Your instructions: Could you filter the records below and keep only the lines with the word "Chrome"?

[Opening Extracted material section]

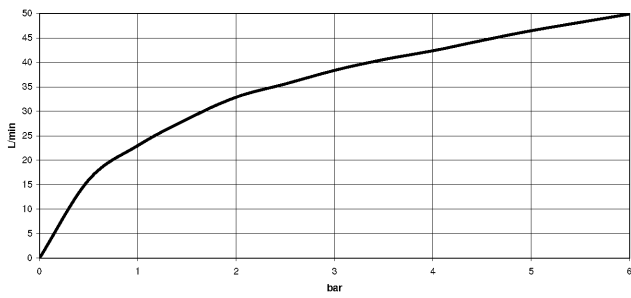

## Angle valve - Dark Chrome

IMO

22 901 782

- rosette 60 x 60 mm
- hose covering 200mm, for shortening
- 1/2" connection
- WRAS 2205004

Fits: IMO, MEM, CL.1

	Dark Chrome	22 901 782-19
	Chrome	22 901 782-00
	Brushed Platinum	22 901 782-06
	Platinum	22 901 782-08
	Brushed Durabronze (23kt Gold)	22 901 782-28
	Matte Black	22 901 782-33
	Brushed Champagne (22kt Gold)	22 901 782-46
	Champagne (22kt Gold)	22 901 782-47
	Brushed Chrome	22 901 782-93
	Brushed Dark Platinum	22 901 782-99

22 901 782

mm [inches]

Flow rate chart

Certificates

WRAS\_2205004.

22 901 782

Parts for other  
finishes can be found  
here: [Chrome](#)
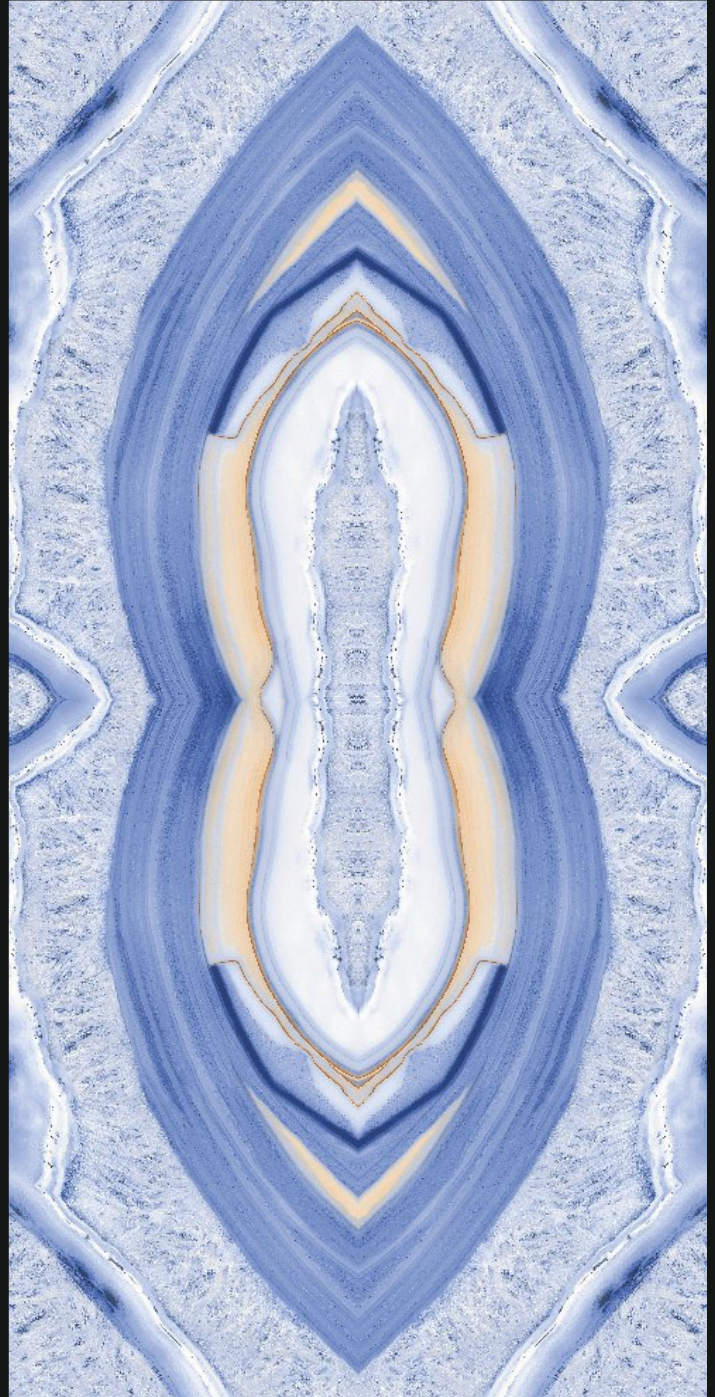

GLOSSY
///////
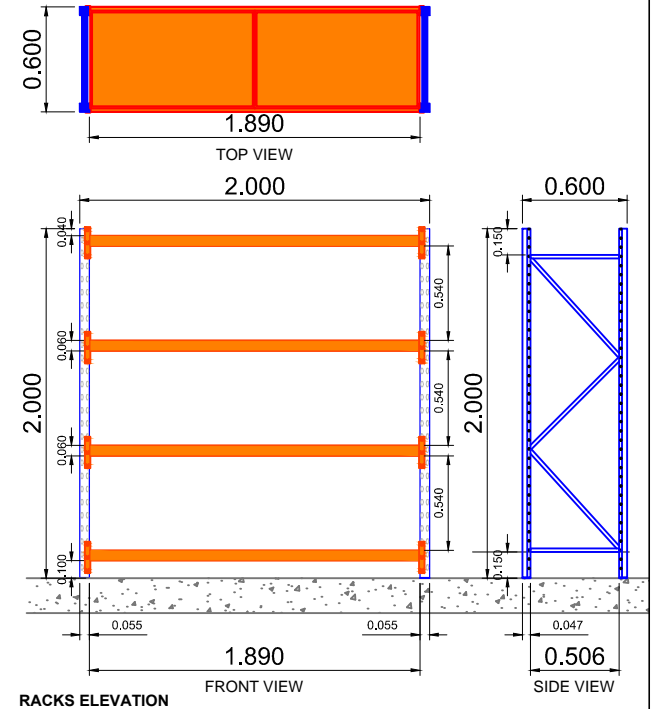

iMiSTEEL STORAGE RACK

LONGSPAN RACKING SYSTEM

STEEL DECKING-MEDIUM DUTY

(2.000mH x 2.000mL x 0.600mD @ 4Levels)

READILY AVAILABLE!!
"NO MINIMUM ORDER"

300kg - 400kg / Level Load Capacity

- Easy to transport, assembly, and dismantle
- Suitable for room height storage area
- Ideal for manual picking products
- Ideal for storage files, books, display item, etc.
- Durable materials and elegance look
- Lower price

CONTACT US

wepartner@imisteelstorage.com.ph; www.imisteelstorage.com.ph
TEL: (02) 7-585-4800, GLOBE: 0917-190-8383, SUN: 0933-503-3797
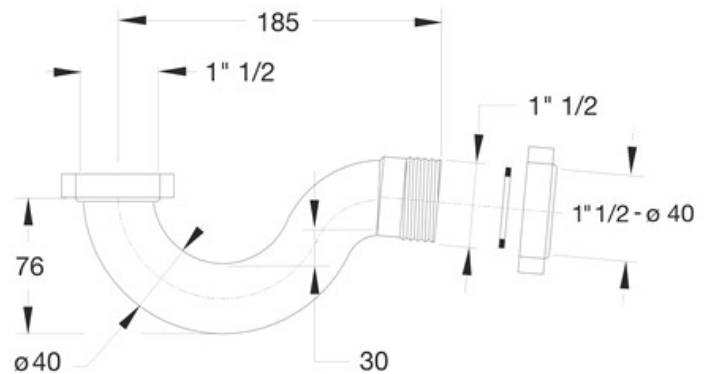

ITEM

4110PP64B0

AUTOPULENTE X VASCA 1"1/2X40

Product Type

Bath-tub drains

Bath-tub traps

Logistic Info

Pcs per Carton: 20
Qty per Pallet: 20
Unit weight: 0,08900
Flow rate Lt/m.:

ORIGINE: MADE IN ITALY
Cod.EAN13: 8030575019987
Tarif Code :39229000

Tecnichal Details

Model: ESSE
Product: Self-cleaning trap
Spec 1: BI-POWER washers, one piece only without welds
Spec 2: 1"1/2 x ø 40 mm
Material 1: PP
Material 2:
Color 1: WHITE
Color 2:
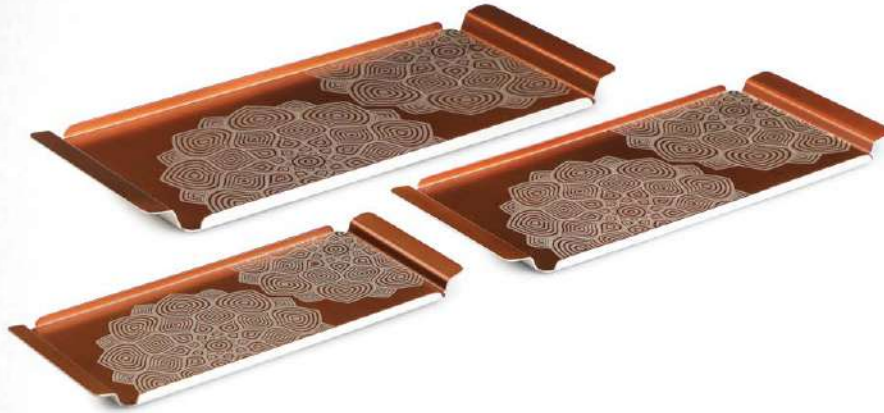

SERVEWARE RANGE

[Closing Extracted material section]

Reply to the task:
## Angle valve - Dark Chrome
	Dark Chrome	22 901 782-19
	Chrome	22 901 782-00
	Brushed Chrome	22 901 782-93
here: [Chrome](#)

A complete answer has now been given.